» Exercise aim
The output must match the lines from the first line of the listing below through the line holding "- Χρώμα: chrome" exactly and must contain no pictures.

» Data to use
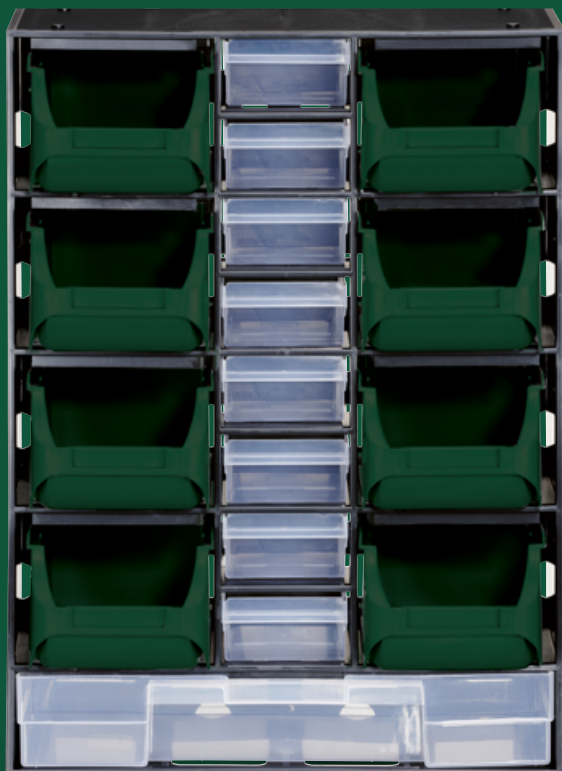

niezbędny pomocnik w utrzymaniu porządku w warsztacie lub garażu

ok. 30,5 × 41,5 × 16,5 cm

17 szuflad i etykiet samoprzylepnych

PARKSIDE®
Organizer na narzędzia

• 2 wzory

ok. 30,5 × 41,5 × 13,5 cm

33 szuflady i etykiety samoprzylepne
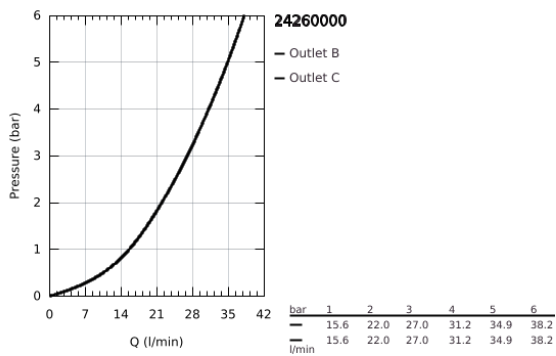

24 260 000 GRANDERA ΜΙΚΤΗΣ ΜΕ'ΕΝΑ ΜΟΧΛΌ 1/2" Δ'ΥΟ ΡΟΩΝ

ΠΕΡΙΓΡΑΦΗ ΠΡΟΪΟΝΤΟΣ

- Χρώμα: chrome
- σετ τελικής εγκατάστασης για GROHE Rapido SmartBox (35 600/35 604)
- 46 mm κεραμικός μηχανισμός
- Φινίρισμα GROHE LongLife
- GROHE FastFixation
- Μεταλλική ροζέτα, ρυθμιζόμενη κατά 6°
- μεταλλική λαβή
- Αυτόματος διανομέας 2 παροχών
- without roughing-in set 35 600/35 604 (please order separately)
- Απόδοση ροής:έξοδος Β = 27 l/min, έξοδος C = 27 l/min

24 260 000 GRANDERA ΜΙΚΤΗΣ ΜΕ΄ΕΝΑ ΜΟΧΛΌ 1/2" Δ΄ΥΟ ΡΟΩΝ

ΑΝΤΑΛΛΑΚΤΙΚΑ , Οκτωβρίου 2021 – τώρα

- 1: Λαβή (Αριθμός ανταλλακτικού 46833000)
- 2: Ροζέτα (Αριθμός ανταλλακτικού 48612000)
- 3: Πλάκα συναρμολόγησης (Αριθμός ανταλλακτικού 48438000)
- 4: Κάλυμμα/ τάπα (Αριθμός ανταλλακτικού 48455000)
- 5: Διανομέας (Αριθμός ανταλλακτικού 48442000)
- 6: Μηχανισμός (Αριθμός ανταλλακτικού 46048000)
- 7: Βαλβίδα αντεπιστροφής (Αριθμός ανταλλακτικού 49085000)
- 8: Λάστιχο στεγανοποίησης (Αριθμός ανταλλακτικού 48360000)
- 9: Περιοριστής θερμοκρασίας (Αριθμός ανταλλακτικού 46375000)*
- 10: Συνδιασμός προστασίας αντίστροφης ροής (Αριθμός ανταλλακτικού 14055000)*
- 11: Γενικό σετ επέκτασης για μπαταρίες μονού μοχλού 25mm (Αριθμός ανταλλακτικού 14056000)*
- 12: Διανομέας (Αριθμός ανταλλακτικού 48444000)*
- 13: Γενικό σετ επέκτασης για μπαταρίες μονού μοχλού 50mm (Αριθμός ανταλλακτικού 14057000)*
- 14: Διανομέας (Αριθμός ανταλλακτικού 48445000)*

» Task response
niezbędny pomocnik w utrzymaniu porządku w warsztacie lub garażu

ok. 30,5 × 41,5 × 16,5 cm

17 szuflad i etykiet samoprzylepnych

PARKSIDE®
Organizer na narzędzia

• 2 wzory

ok. 30,5 × 41,5 × 13,5 cm

33 szuflady i etykiety samoprzylepne

24 260 000 GRANDERA ΜΙΚΤΗΣ ΜΕ'ΕΝΑ ΜΟΧΛΌ 1/2" Δ'ΥΟ ΡΟΩΝ

ΠΕΡΙΓΡΑΦΗ ΠΡΟΪΟΝΤΟΣ

- Χρώμα: chrome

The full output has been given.